Harrison’s deeply soulful alto speaks in Hank Crawford’s dialect as he introduces Tony’s talking blues over an emphatically deliberate funky bass walk on Buddhist Blues, preaching high philosophy in lowdown fashion. And the leading player in this cinematic feast is vividly portrayed in incandescent style on City Swings, a paean to the incomparable New York City with sinuous unison lines, scalding trumpet, blazing alto and shimmering piano bridging Tony’s portrayal, depicted with the inherent passion only a knowledgeable lover could bring.

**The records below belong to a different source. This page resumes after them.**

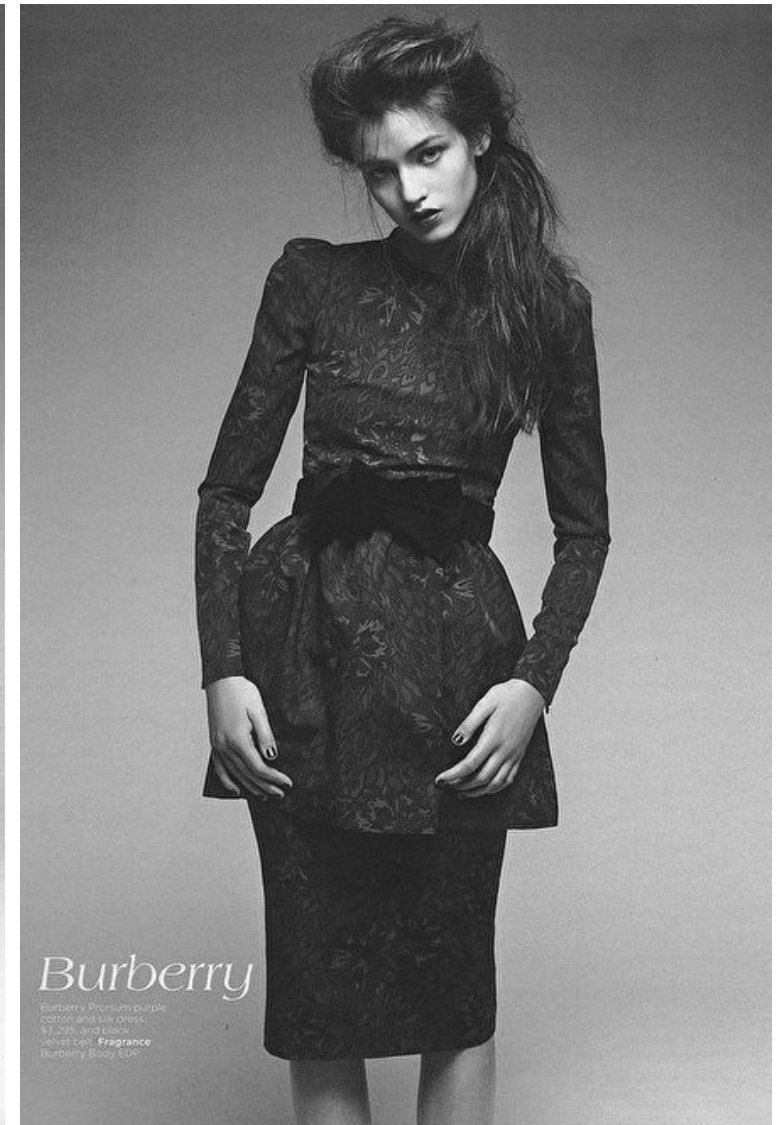

Bust 86cm / 34"

Hips 90cm / 35.5"

Waist 62cm / 24.5"

Shoes EU/US/UK 39 / 8 / 6

Size EU/US 34 / 4

Hair Brown

Eyes Blue green

GABBY WESTBROO K-PATRICK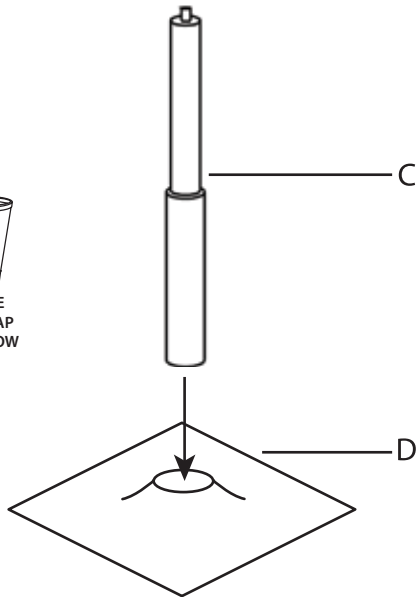

Mirage Bar Stool

Part # BS-TW-MIRAGE XX

20-0319

PARTS

1

2

3

4

SIT TO SECURE

Do not over tighten.
Do not use power tools to assemble.

WARNING:

- DO NOT STAND ON OR USE THIS STOOL AS A STEP LADDER.
- THIS STOOL IS MEANT TO SEAT ONLY ONE PERSON AT A TIME
- ALL BOLTS, SCREWS, AND KNOBS MUST BE TIGHTLY SECURED, AND SHOULD BE CHECKED AT LEAST EVERY 4 MONTHS.
- IF PARTS ARE MISSING, BROKEN, DAMAGED OR WORN, THEN STOP USING THE PRODUCT UNTIL REPAIRS ARE MADE USING FACTORY AUTHORIZED PARTS.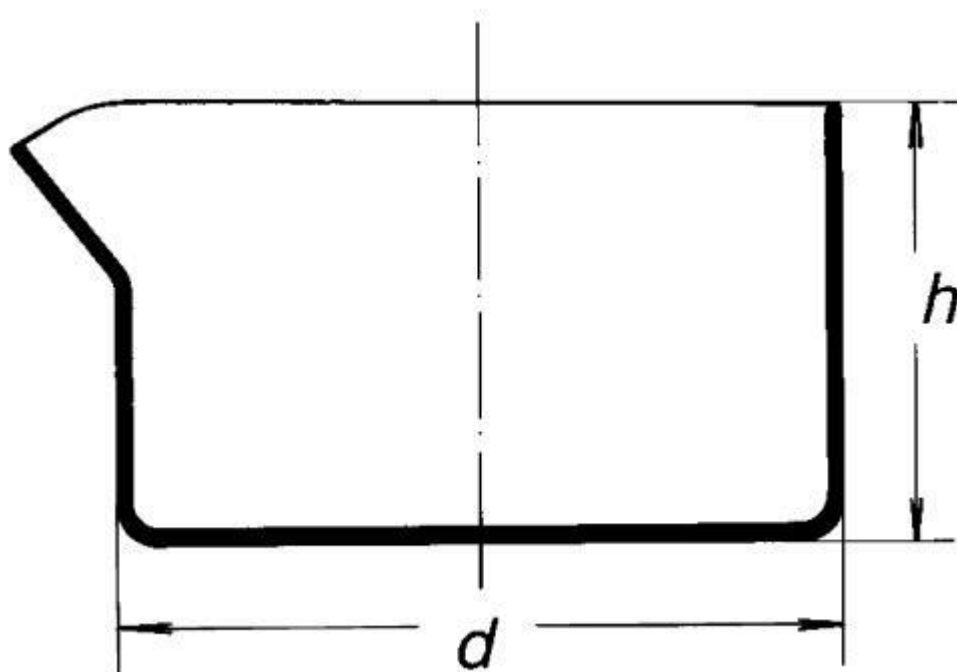

## Dish crystallising, flat bottom, with spout, 20 ml

Order code: **6632.411625050**

Cena bez DPH	10,90 Eur
Price with VAT	13,19 Eur

### Parameters

Volume [ml]	20
d x h	50 x 30 mm
Types of dishes	Crystallising dishes
Quantitative unit	ks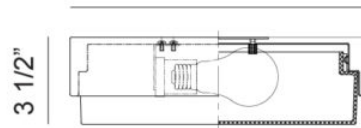

Ø12"

3 1/2"

M13202MB

SPECIFICATION SHEET

Finish	Matte Black
Shade	White Glass
Shade Dimension	Ø11 1/4" x 1 1/4"H
Dimension	Ø12" x 3 1/2"H
Lamping	2 x 10W LED Medium Base-E26 120V
Location	Dry
Warranty	1 year fixture warranty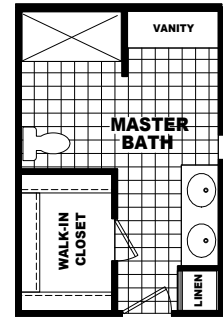

MODEL: LS-3276E
 APPROXIMATELY 2331 SQ. FT.
 4 BEDROOM, 3 BATH

2 TRAPAZOID WINDOWS ABOVE
 W/OPT PRISMATIC DORMER

ALT MASTER BATH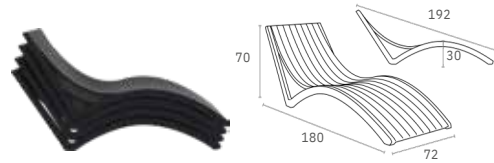

Slim sunlounger is stackable and comes with hidden wheels and anti-slippery rubbers. It is made of durable weather-resistant resin. Non metallic frame will never unravel, rust or decay. It is UV protected which insures the colors will not fade. For outdoor use.

087 Slim

308019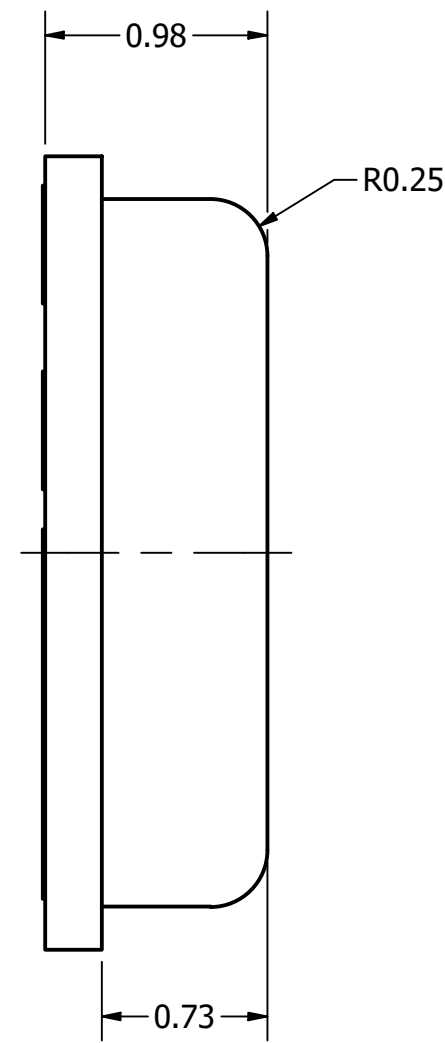

Part Number:	MM033802-5	
DESCRIPTION:	Analog MEMS Microphone	
DRAWN	CJ	7/25/2018
CHECKED	C.H.	8/16/2018
APPROVED	C.E.	8/16/2018
This document contains data proprietary to DB Unlimited. Any use or reproduction, in any form, without prior written permission of DB Unlimited is prohibited. All terms and conditions can be found at www.dbunlimitedco.com		

Top View

Side View

Bottom View

Pin 1	Pin 2	Pin 3	Pin 4	Pin 5
OUTPUT	GND	GND	GND	VDD

Items	Specifications	Conditions
Directivity	Omnidirectional	
Sensitivity	-38 ± 1	dB
Frequency Range	100 ~ 10,000	Hz
Rated Voltage	2	V
Voltage Range	1.6 ~ 3.6	V
Output Impedance	300	Ω
Max. Rated Current	0.18	mA
Power Supply Rejection	-72	dB
Storage Temperature	-40 ~ +105	°C
Operating Temperature	-40 ~ +105	°C
Signal to Noise Ratio	61	dB
Mount Type	Surface Mount	
Connection Method	Surface Mount Pads	

REVISION HISTORY

REV	DESCRIPTION	DATE	APPROVED
	Released from Engineering	8/16/2018	C.E.

NOTES

- 1) All dimensions are in mm unless otherwise noted
- 2) All tolerances are ± 0.1 mm unless otherwise noted
- 3) All parts meet RoHS
- 4) Subject to change or redrawn without notice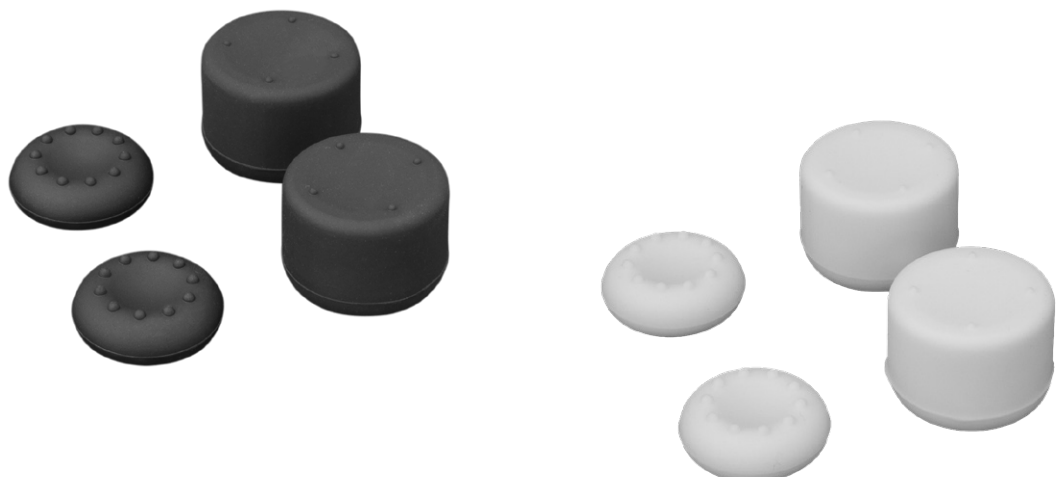

WHEEZER PS5 CONTROLLER GRIPS

Type: Silicone grips for PS5 controller
Color: Black or white
Compatibility: PS5 controller
Material: Silicone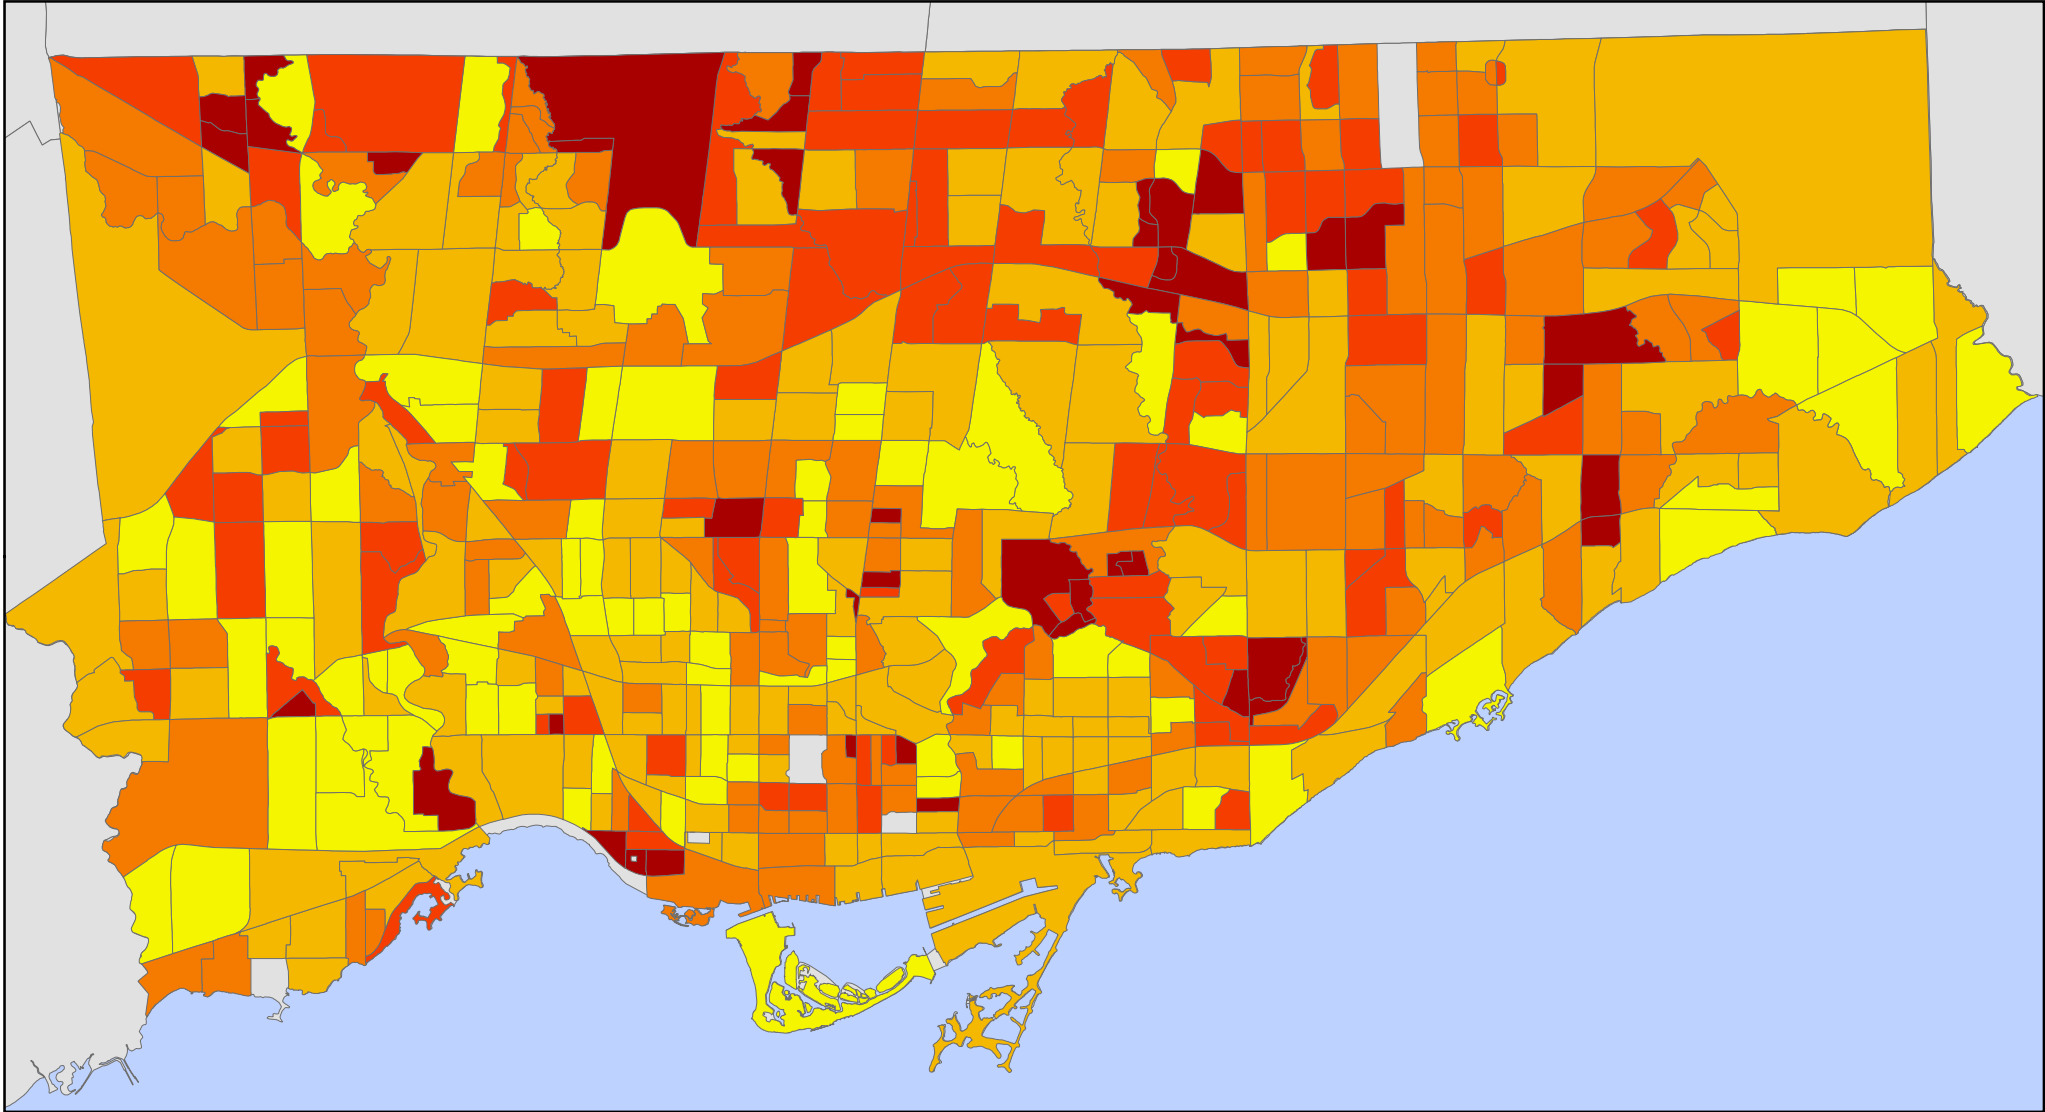

Recent Immigrants 2006

By Census Tract

Legend

Recent Immigrants (2001-2006) (percent of total immigrant population)

Source: Statistics Canada, Census 2006; City of Toronto.

Copyright (c) 2007 City of Toronto. All Rights Reserved.

Tony Adamo & The New York Crew is not only a breath of fresh or in today’s musical world, it’s an entirely new atmosphere that will refresh and uplift the head, the heart and the soul.
“I would hope that my Vocal/HipSpokenWord story telling reaches across a wide music spectrum to hip old and new generations alike to my new genre of music. My music producer, Mike Clark gathered some of the greatest musicians in New York to bring my music and lyrics alive. Tony Adamo & The New York Crew CD is a labor of love.”